Huawei's Phantom Plan Provides Real Ownership for 90,000 Employees
Huawei Technologies is the largest telecommunications equipment manufacturer in the world and the second-largest manufacturer of smartphones. It has close to 200,000 employees worldwide, mostly in China. It also claims to be employee-owned, which, if true, would make it the second-largest majority employee-owned company in the world, just after Publix in the US.
Its ownership structure has been something of a mystery, however, at least to outsiders. In the U.S., many political leaders have accused it of being essentially state-owned or at least state-controlled. Others have said it is owned by the Communist Party. A new paper by Colin Hawes, “Why is Huawei’s ownership so strange? A case study of the Chinese corporate and socio-political ecosystem,” provides the most detailed and reliable analysis of its ownership to date and concludes that Huawei’s employee ownership is genuine (the article is behind a paywall). Hawes is an associate professor in the law faculty at the University of Technology Sydney and a research associate at the UTS Australia-China Relations Institute. Hawes shows that almost all the value of Huawei equity is owned broadly by about 90,000 employees who buy what we would call phantom stock rights.

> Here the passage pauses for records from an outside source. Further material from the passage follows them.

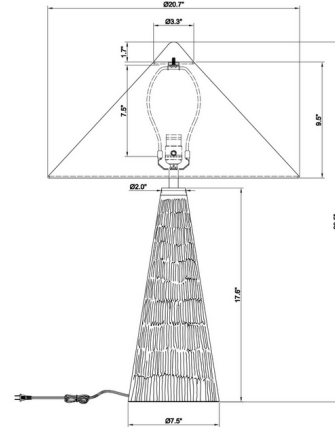

By FlowDecor

Description

Make a bold statement with the Mavis Table Lamp. Crafted from resin and carved with a repeating linear texture, the conical body sleek and modern. A cone shade and antique brass accents complete the luxe aesthetic. 3-Way switch on socket.

Shown in off white / off white

Specifications

COLOR	Off White
BODY FINISH	Off White
WATTAGE	25W
DIMMER	Included
DIMENSIONS	20.75"W x 29.5"H
BULB NOT INCLUDED	1 x A21 3-Way/Medium (E26)/25W/120V LED
COUNTRY OF ORIGIN	China

Unlike most phantom plans in the U.S., however, the shares carry a right to interim profit distributions. Employees have to redeem the shares when they leave, and initially, they redeemed them at or close to their par value. Even though employees did not benefit from a rising stock price, their shares were yielding annual returns averaging around 70% per year on the money they invested. Eventually, the rules were changed so that employees could also get equity appreciation as well. Huawaei stands in sharp contrast to most other privatized firms in China, which concentrated ownership in a few hands.
The NCEO was actively involved in China's employee ownership reforms in the 1990s. We partnered with the officials in China considering reforms to hold two major conferences, and when these officials made multiple visits to the U.S., we arranged for them to visit ESOP companies. Ultimately, the government directed provinces to set up their own rules for privatizing state enterprises. While we know that many did become broadly employee-owned, it has been very difficult to find reliable information on how many of these plans there are or how they operate.
A second paper, "Employee Ownership and Industrial Innovation: Huawei in the U.S.-China Technology Rivalry" by Kaidong Feng and Yin Li (China Review, Nov. 2020), comes to the same conclusions about the ownership structure at Huawei and argues that employee ownership has been an essental element of Huawei's success.